To do: From the line containing "ROMA (RM) MONTEVERDE" to the final line of the listing, restate each line word for word and add nothing.

Provided data:

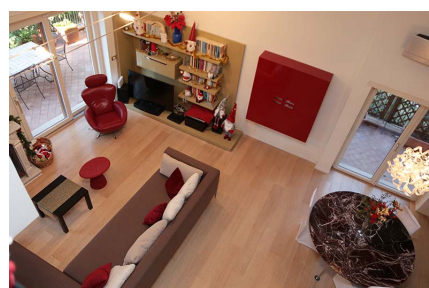

LOCATION 62

APPARTAMENTO MODERNO
ROMA (RM) MONTEVERDE

La scheda di questa location e' disponibile sul sito all'indirizzo <https://www.roma-location.com/location/62>

Reply:
ROMA (RM) MONTEVERDE

La scheda di questa location e' disponibile sul sito all'indirizzo <https://www.roma-location.com/location/62>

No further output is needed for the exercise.